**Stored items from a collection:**
====

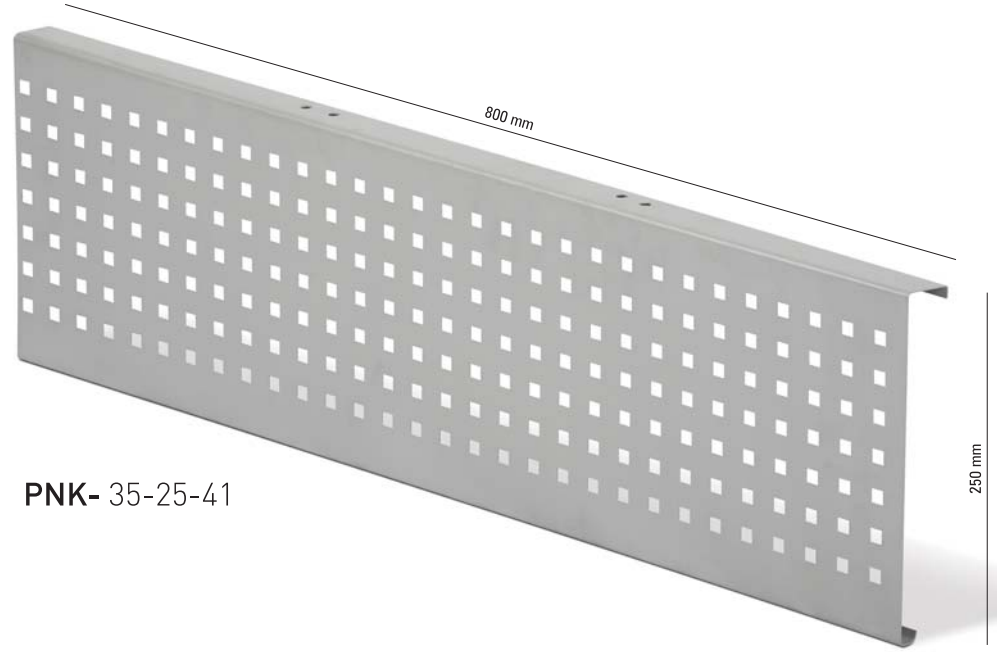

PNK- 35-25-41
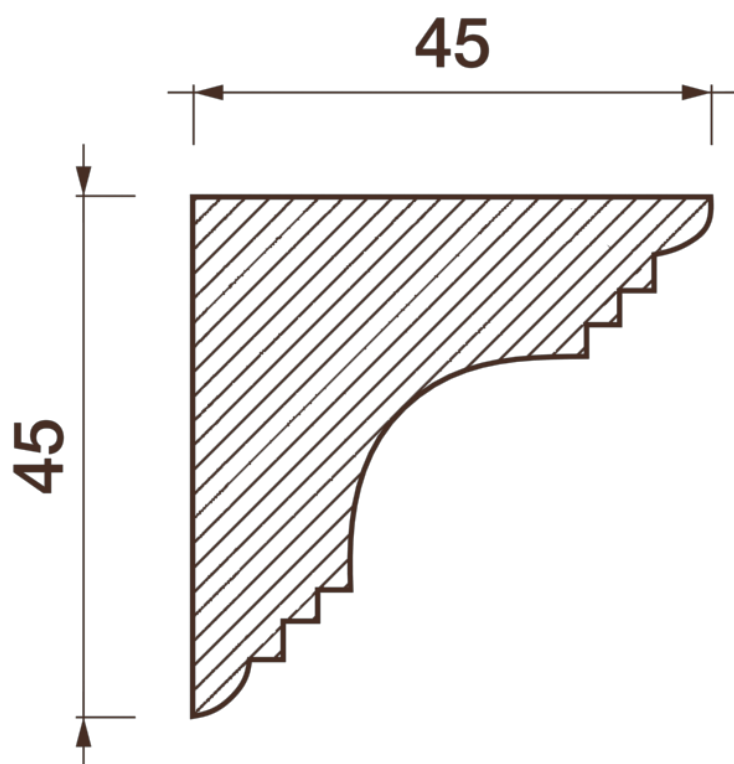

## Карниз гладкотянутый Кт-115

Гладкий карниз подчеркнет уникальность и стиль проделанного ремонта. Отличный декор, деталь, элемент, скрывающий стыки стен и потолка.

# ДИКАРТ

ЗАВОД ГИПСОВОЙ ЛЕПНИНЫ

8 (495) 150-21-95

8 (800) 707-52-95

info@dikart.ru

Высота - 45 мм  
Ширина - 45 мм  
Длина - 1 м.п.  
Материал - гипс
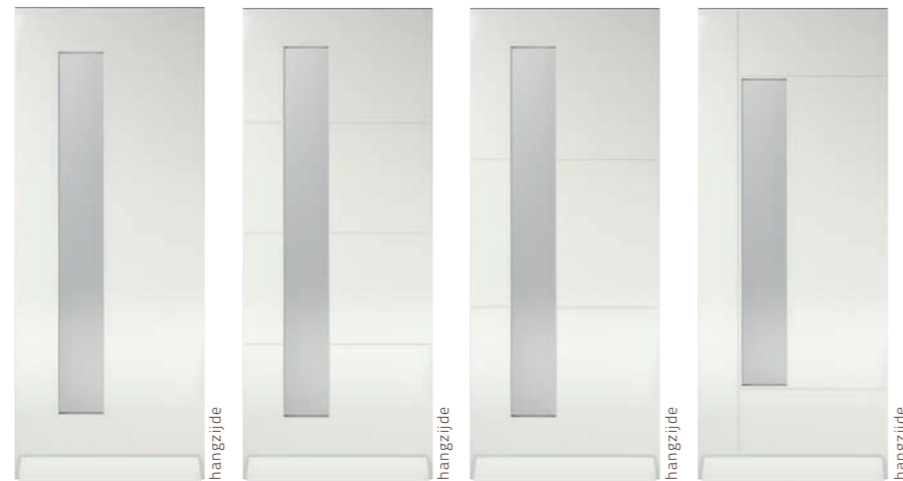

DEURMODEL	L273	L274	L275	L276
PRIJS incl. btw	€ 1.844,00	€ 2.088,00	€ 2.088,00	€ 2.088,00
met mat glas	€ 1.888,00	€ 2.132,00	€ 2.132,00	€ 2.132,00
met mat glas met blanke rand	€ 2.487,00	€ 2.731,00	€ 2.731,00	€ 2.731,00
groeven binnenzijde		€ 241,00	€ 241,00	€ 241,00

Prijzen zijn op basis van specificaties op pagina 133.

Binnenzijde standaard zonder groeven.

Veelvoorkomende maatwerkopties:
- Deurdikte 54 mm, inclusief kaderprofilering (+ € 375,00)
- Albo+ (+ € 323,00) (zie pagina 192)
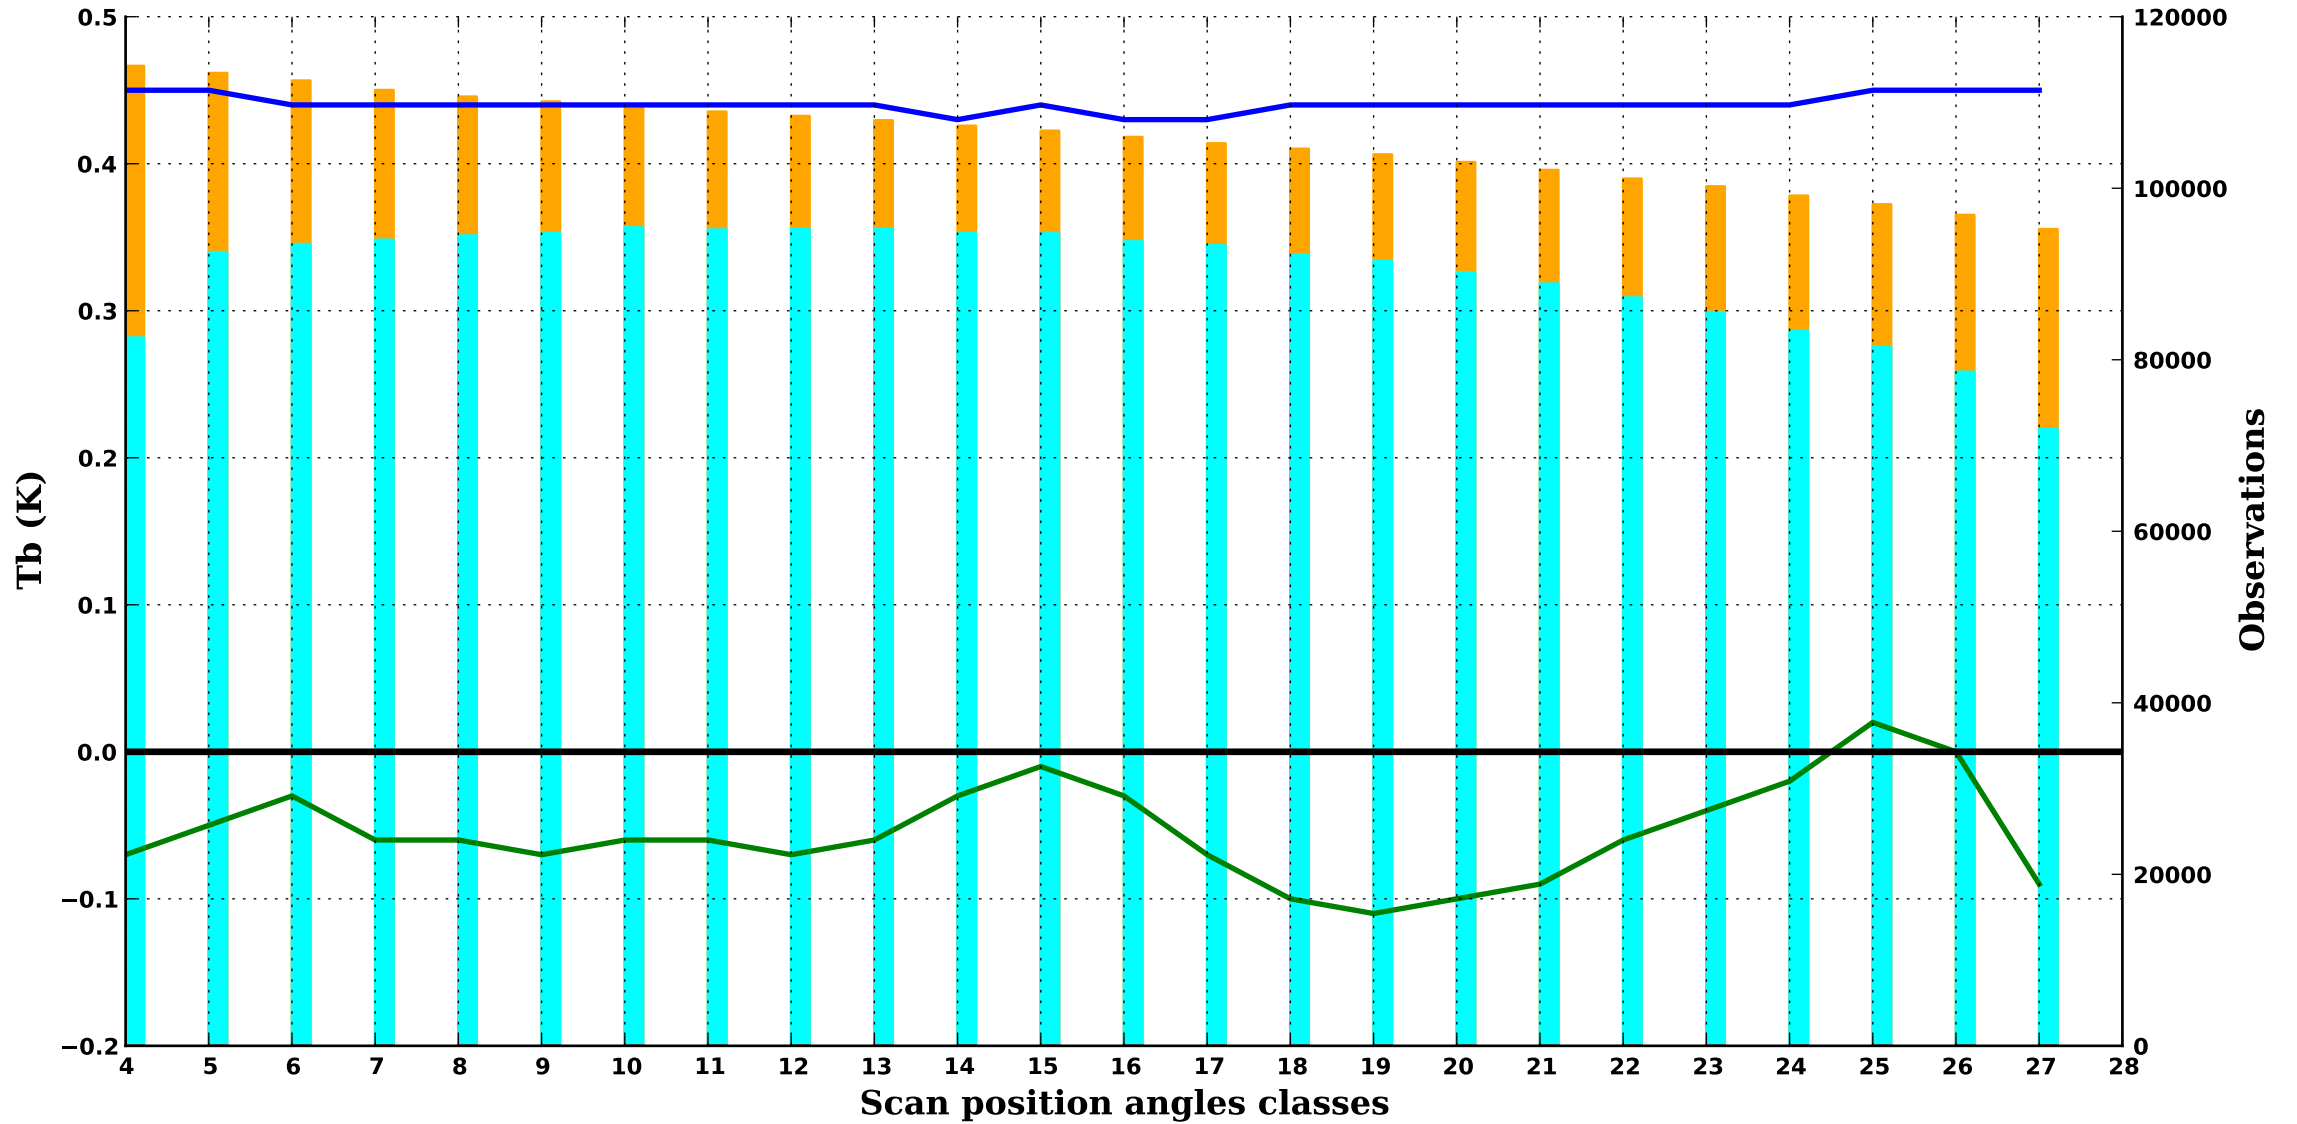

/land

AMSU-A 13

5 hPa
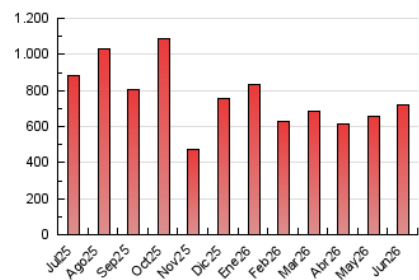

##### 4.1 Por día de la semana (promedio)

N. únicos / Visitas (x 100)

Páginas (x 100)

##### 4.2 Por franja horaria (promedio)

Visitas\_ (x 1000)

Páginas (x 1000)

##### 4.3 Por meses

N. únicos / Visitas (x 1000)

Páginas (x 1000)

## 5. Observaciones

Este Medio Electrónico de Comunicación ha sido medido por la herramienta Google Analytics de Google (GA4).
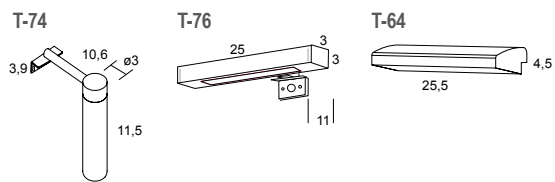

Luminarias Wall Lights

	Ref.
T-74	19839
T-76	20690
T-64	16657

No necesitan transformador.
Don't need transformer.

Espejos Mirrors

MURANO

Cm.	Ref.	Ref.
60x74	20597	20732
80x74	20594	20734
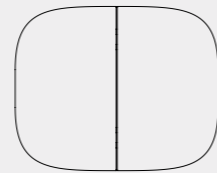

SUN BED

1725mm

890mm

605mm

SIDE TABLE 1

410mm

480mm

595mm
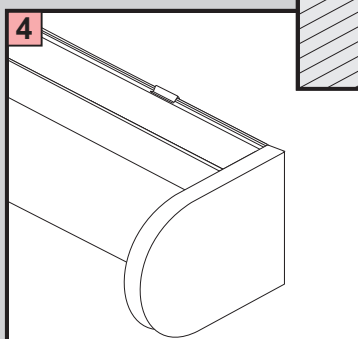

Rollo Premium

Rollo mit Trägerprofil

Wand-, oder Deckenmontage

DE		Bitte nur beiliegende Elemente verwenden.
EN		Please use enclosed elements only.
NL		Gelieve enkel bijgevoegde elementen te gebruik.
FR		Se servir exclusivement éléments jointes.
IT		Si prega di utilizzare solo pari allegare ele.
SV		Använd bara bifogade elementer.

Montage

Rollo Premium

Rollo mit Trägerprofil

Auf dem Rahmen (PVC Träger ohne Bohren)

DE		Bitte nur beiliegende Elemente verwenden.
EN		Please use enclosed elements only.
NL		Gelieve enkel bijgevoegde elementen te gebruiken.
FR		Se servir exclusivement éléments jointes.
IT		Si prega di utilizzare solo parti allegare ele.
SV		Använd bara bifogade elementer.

====

**TASK DETAILS:** Before copying, set the pictures aside; then reproduce each entry above exactly.

**RESULT FOR THIS TASK:**
PNK- 35-25-41

## Карниз гладкотянутый Кт-115

Гладкий карниз подчеркнет уникальность и стиль проделанного ремонта. Отличный декор, деталь, элемент, скрывающий стыки стен и потолка.

# ДИКАРТ

ЗАВОД ГИПСОВОЙ ЛЕПНИНЫ

8 (495) 150-21-95

8 (800) 707-52-95

info@dikart.ru

Высота - 45 мм  
Ширина - 45 мм  
Длина - 1 м.п.  
Материал - гипс

DEURMODEL	L273	L274	L275	L276
PRIJS incl. btw	€ 1.844,00	€ 2.088,00	€ 2.088,00	€ 2.088,00
met mat glas	€ 1.888,00	€ 2.132,00	€ 2.132,00	€ 2.132,00
met mat glas met blanke rand	€ 2.487,00	€ 2.731,00	€ 2.731,00	€ 2.731,00
groeven binnenzijde		€ 241,00	€ 241,00	€ 241,00

Prijzen zijn op basis van specificaties op pagina 133.

Binnenzijde standaard zonder groeven.

Veelvoorkomende maatwerkopties:
- Deurdikte 54 mm, inclusief kaderprofilering (+ € 375,00)
- Albo+ (+ € 323,00) (zie pagina 192)

/land

AMSU-A 13

5 hPa

##### 4.1 Por día de la semana (promedio)

N. únicos / Visitas (x 100)

Páginas (x 100)

##### 4.2 Por franja horaria (promedio)

Visitas\_ (x 1000)

Páginas (x 1000)

##### 4.3 Por meses

N. únicos / Visitas (x 1000)

Páginas (x 1000)

## 5. Observaciones

Este Medio Electrónico de Comunicación ha sido medido por la herramienta Google Analytics de Google (GA4).

Luminarias Wall Lights

	Ref.
T-74	19839
T-76	20690
T-64	16657

No necesitan transformador.
Don't need transformer.

Espejos Mirrors

MURANO

Cm.	Ref.	Ref.
60x74	20597	20732
80x74	20594	20734

SUN BED

1725mm

890mm

605mm

SIDE TABLE 1

410mm

480mm

595mm

Rollo Premium

Rollo mit Trägerprofil

Wand-, oder Deckenmontage

DE		Bitte nur beiliegende Elemente verwenden.
EN		Please use enclosed elements only.
NL		Gelieve enkel bijgevoegde elementen te gebruik.
FR		Se servir exclusivement éléments jointes.
IT		Si prega di utilizzare solo pari allegare ele.
SV		Använd bara bifogade elementer.

Montage

Rollo Premium

Rollo mit Trägerprofil

Auf dem Rahmen (PVC Träger ohne Bohren)

DE		Bitte nur beiliegende Elemente verwenden.
EN		Please use enclosed elements only.
NL		Gelieve enkel bijgevoegde elementen te gebruiken.
FR		Se servir exclusivement éléments jointes.
IT		Si prega di utilizzare solo parti allegare ele.
SV		Använd bara bifogade elementer.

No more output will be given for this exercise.